To the Editor: We agree in part with Dr. Janca that our very high levels of interrater reliability regarding the DSM-IV axis V clinician rating scales may have been influenced by extensive training, high motivation on the part of the clinicians, and the clinicians’ working within a larger research protocol. Also, it is fairly common that interrater reliability for a variety of clinical conditions or constructs is higher between raters at the same site than for raters across sites
(1,
2). However, our results are quite similar to those from a number of other studies involving the Global Assessment of Functioning Scale and its predecessor, the Global Assessment Scale
(3–
10). This prior research has demonstrated the interrater reliability of the Global Assessment of Functioning Scale as in the “good” or “excellent” range (ICC/k=0.60–0.74 and ICC/k=0.75 or more, respectively
[11]). In addition, the WHO Short Disability Assessment Schedule, which possesses subcomponents similar to those in the Global Assessment of Relational Functioning Scale and the Social and Occupational Functioning Assessment Scale, has been shown to possess “good” interrater reliability (ICC=0.62) in at least one multisite field trial
(12).
Furthermore, we disagree with Dr. Janca’s conclusion that our findings may not represent a true psychometric evaluation of these scales. We base this disagreement on three potentially related issues for further research in the assessment of multiaxial psychiatric functioning. Our discussion of these issues is particularly relevant to the rating of patient-clinician interactions and interview narratives in psychology and psychiatry.

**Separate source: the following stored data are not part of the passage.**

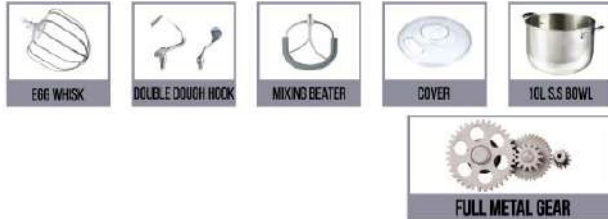

CE
ROHS

MK-6041 7L XL BOWL

MULTIFUNCTION STAND MIXER

1300 WATT *Premium Series*

- Powerful Professional 1300 W Motor.
- Full Metal Gear system (Heavy Duty & Perfect Mixing).
- More than 14 functions.
- 7.0 L large brushed stainless steel bowl.
- Planetary mixing action.
- Metal Framework inside.
- 8 Speed settings (with Pulse control).
- Ball bearing used & Removable S.S Bowl.
- Easy to operate and to clean.
- Transparent splash cover.
- 3 Types of standard attachments for mixing.
- Skid-resistant feet.
- Double extra strong arm lock.

CE
ROHS

MK-6043

STAND MIXER 10L XXL BOWL

1500 WATT *Premium Series*

- Powerful Professional 1500 W Motor.
- Full Metal Gear system (Heavy Duty & Perfect Mixing).
- Full Die-cast aluminium housing.
- Extra-large 10 litre stainless steel bowl with 2 handles for max. 7.5 kg dough preparation.
- Special Double Kneading Hook.
- Planetary mixing action.
- 3 Types of standard attachments for mixing.
- Transparent splash cover (PBA free).
- Electronic Timer Function & Soft start for slow mixing.
- 8 Speed settings (with Pulse control).
- Removable Stainless Steel Bowl.
- Easy to operate and to clean.
- Double extra strong arm lock.
- LCD Display.
- Ball bearing used.
- Skid-resistant feet.
- Overload Protection.

First, the high level of agreement between the two raters in our study of the DSM-IV axis V scales suggests that these measures may be used to reliably rate the general severity of psychopathology and relational, social, and occupational functioning. The specific rating criteria developed for the DSM-IV axis V scales appear sufficiently clear to produce high levels of interrater reliability. The extensive supervised training of raters in the use of this scale likely contributed to the high level of agreement between raters. The low interrater reliability coefficients for the DSM-IV axis V scales found in other studies may not be assumed to reflect poor coding criteria or scale definition but rather may be due to poor or inadequate rater training.
While time constraints may prohibit such extensive training, it provides an optimal level of familiarity with the DSM-IV axis V scales and helps raters make subtle distinctions between scores before rating the patients included in the data analyses. The excellent interrater reliability coefficients achieved in our study suggested that the general severity of psychopathology and relational, social, and occupational functioning can be reliably coded and suggested the importance of training judges before coding begins.
Second, we encourage future investigators to examine the differential impact of the time or length of the interview in relation to reliability. The length of interviews used in most reliability field trials usually ranges from approximately 45 minutes up to 2 hours. The ratings from our original study were based on two sessions, each lasting approximately 3 hours. The higher levels of interrater reliability that were found in our work may be related to the clinician’s spending this additional time interacting with the patient. The implications of time or length of interviews on reliability have rarely been discussed in the psychiatric literature, and given the current impingement of third-party payers and the reduced support for more thorough evaluations
(13,
14), this seems an especially important issue. If clinicians are unduly limited in the time spent on an assessment, then less reliability, misdiagnosis, and potential problems for treatment may result.
In addition to including extra time spent by the clinicians, both in training and in interacting with their patients, our study also focused parts of the interview on key relational episodes from patients’ lives. This focus on patient narratives during the interview
(15), as well as the organization of the interview and feedback session from a therapeutic assessment model
(16), may have contributed to the higher reliability of the interview or videotape raters. Rather than focusing simply on the description of psychiatric symptoms or on a structured interview (i.e., the Structured Clinical Interview for DSM), the patients were encouraged to describe and explore relational interactions (thoughts, feelings, and fantasies) associated with the appearance of symptoms. In this manner, the clinicians attempted to enlist the patients to help them clarify and understand the impact of these experiences, both past and present, on their functioning. This relationally based exploration was focused on helping clinicians gain a better understanding of the personal meaning of life experiences related to psychiatric symptoms as well as explore prior successful and unsuccessful ways of coping with problems or symptoms.
The amount of prerequisite training on any scale applied to interview data (or any patient-clinician interaction) will invariably affect the subsequent reliability of that scale or measure. It is also possible that additional time spent and/or the relational focus of an interview can aid clinicians in making more reliable assessments of the general severity of psychopathology and relational, social, and occupational functioning. Perhaps when examining a patient’s general severity of psychopathology and relational, social, and occupational functioning, clinicians should be aided by first training to meet an acceptable criterion for accuracy on a given scale, spending additional time with the patient, and then examining psychiatric symptoms and relational, social, and occupational functioning within an interpersonal and narrative context. In contrast, when adequate prerequisite training, involved patient-clinician interaction, and exploration of functioning within a relational context are not present, the true psychometric properties of any clinician rating scale may be underestimated.